#### Exercise description
Write out the records beneath this line exactly as they appear, minus any images.

#### Records excerpted from a collection

* * *

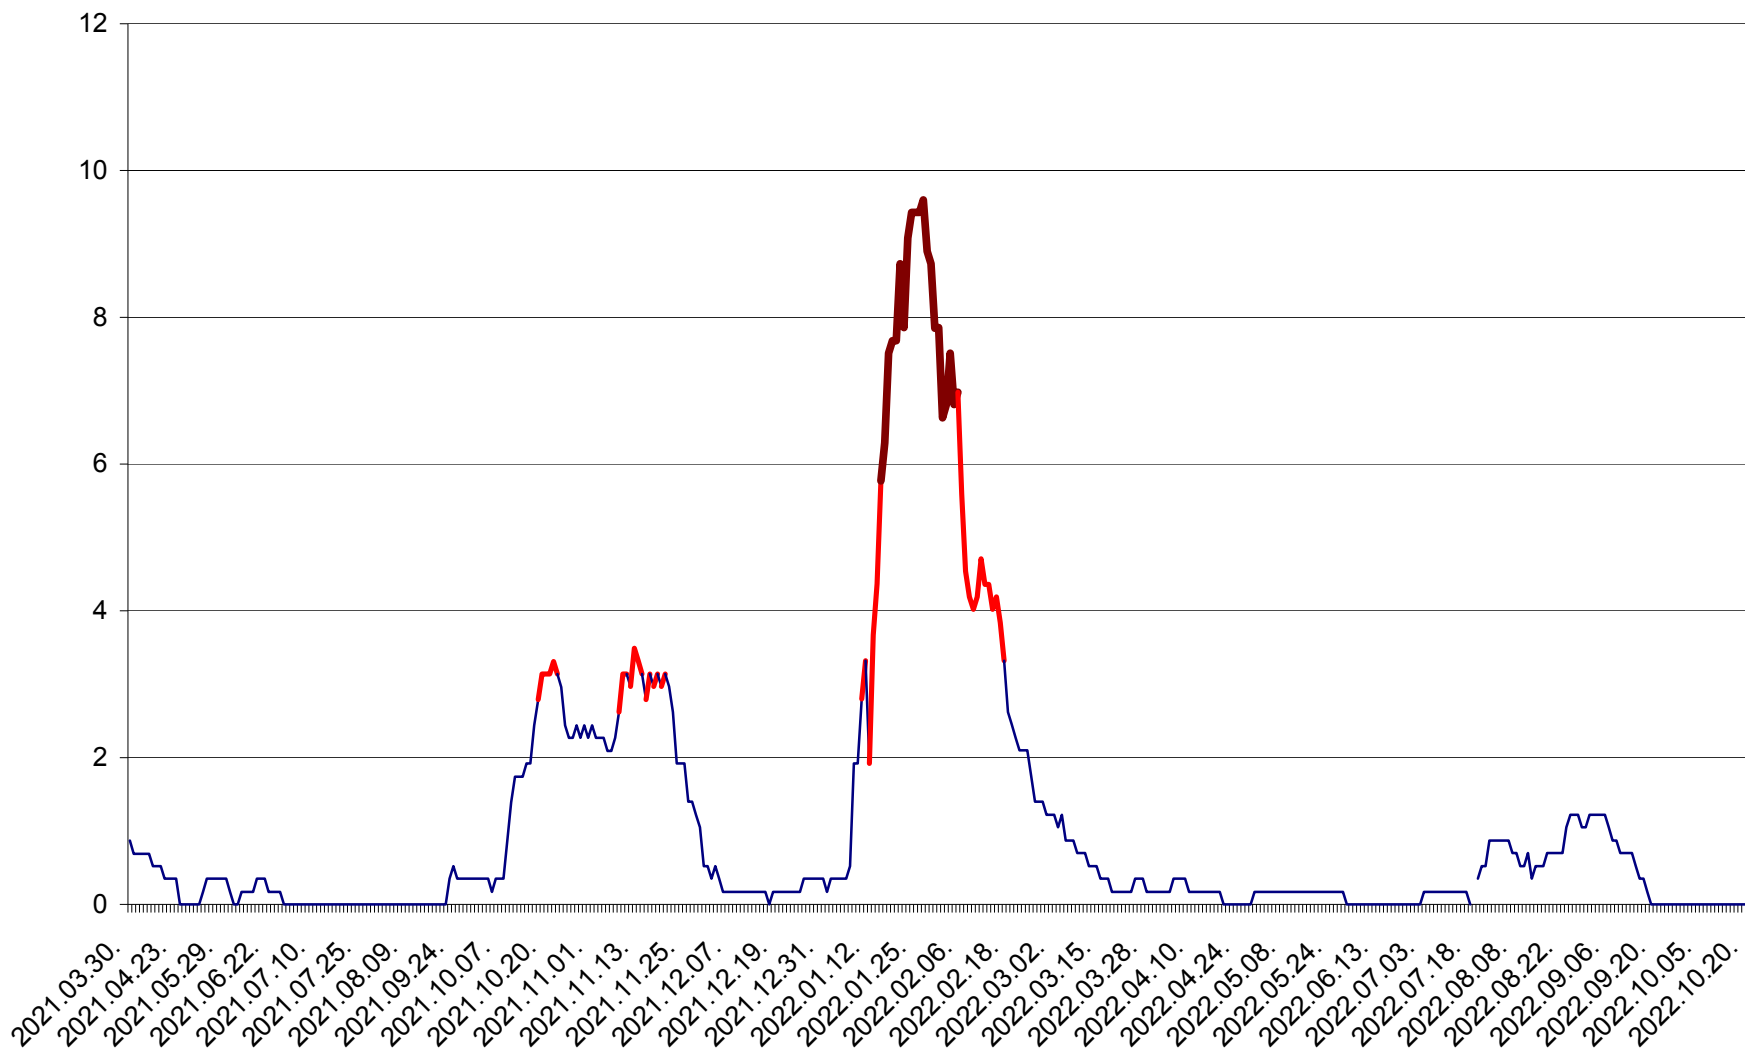

DÂRJIU - Evolutia incidentei cumulate pe 14 zile la ‰ de locuitori
2021.04.01. - 2022.10.22.

DEALU - Evolutia incidentei cumulate pe 14 zile la ‰ de locuitori
2021.04.01. - 2022.10.22.

DITRĂU - Evolutia incidentei cumulate pe 14 zile la ‰ de locuitori
2021.04.01. - 2022.10.22.

FELICENI - Evolutia incidentei cumulate pe 14 zile la % de locuitori
2021.04.01. - 2022.10.22.

FRUMOASA - Evolutia incidentei cumulate pe 14 zile la ‰ de locuitori
2021.04.01. - 2022.10.22.

GĂLĂUȚAȘ - Evoluția incidenței cumulate pe 14 zile la ‰ de locuitori
2021.04.01. - 2022.10.22.

MUNICIPIUL GHEORGHENI - Evolutia incidentei cumulate pe 14 zile la % de locuitori
2021.04.01. - 2022.10.22.

JOSENI - Evolutia incidentei cumulate pe 14 zile la ‰ de locuitori
2021.04.01. - 2022.10.22.

LĂZAREA - Evolutia incidentei cumulate pe 14 zile la ‰ de locuitori
2021.04.01. - 2022.10.22.

LELICENI - Evolutia incidentei cumulate pe 14 zile la ‰ de locuitori
2021.04.01. - 2022.10.22.

LUETA - Evolutia incidentei cumulate pe 14 zile la ‰ de locuitori
2021.04.01. - 2022.10.22.

LUNCA DE JOS - Evolutia incidentei cumulate pe 14 zile la ‰ de locuitori
2021.04.01. - 2022.10.22.

* * *

#### Your response
DÂRJIU - Evolutia incidentei cumulate pe 14 zile la ‰ de locuitori
2021.04.01. - 2022.10.22.

DEALU - Evolutia incidentei cumulate pe 14 zile la ‰ de locuitori
2021.04.01. - 2022.10.22.

DITRĂU - Evolutia incidentei cumulate pe 14 zile la ‰ de locuitori
2021.04.01. - 2022.10.22.

FELICENI - Evolutia incidentei cumulate pe 14 zile la % de locuitori
2021.04.01. - 2022.10.22.

FRUMOASA - Evolutia incidentei cumulate pe 14 zile la ‰ de locuitori
2021.04.01. - 2022.10.22.

GĂLĂUȚAȘ - Evoluția incidenței cumulate pe 14 zile la ‰ de locuitori
2021.04.01. - 2022.10.22.

MUNICIPIUL GHEORGHENI - Evolutia incidentei cumulate pe 14 zile la % de locuitori
2021.04.01. - 2022.10.22.

JOSENI - Evolutia incidentei cumulate pe 14 zile la ‰ de locuitori
2021.04.01. - 2022.10.22.

LĂZAREA - Evolutia incidentei cumulate pe 14 zile la ‰ de locuitori
2021.04.01. - 2022.10.22.

LELICENI - Evolutia incidentei cumulate pe 14 zile la ‰ de locuitori
2021.04.01. - 2022.10.22.

LUETA - Evolutia incidentei cumulate pe 14 zile la ‰ de locuitori
2021.04.01. - 2022.10.22.

LUNCA DE JOS - Evolutia incidentei cumulate pe 14 zile la ‰ de locuitori
2021.04.01. - 2022.10.22.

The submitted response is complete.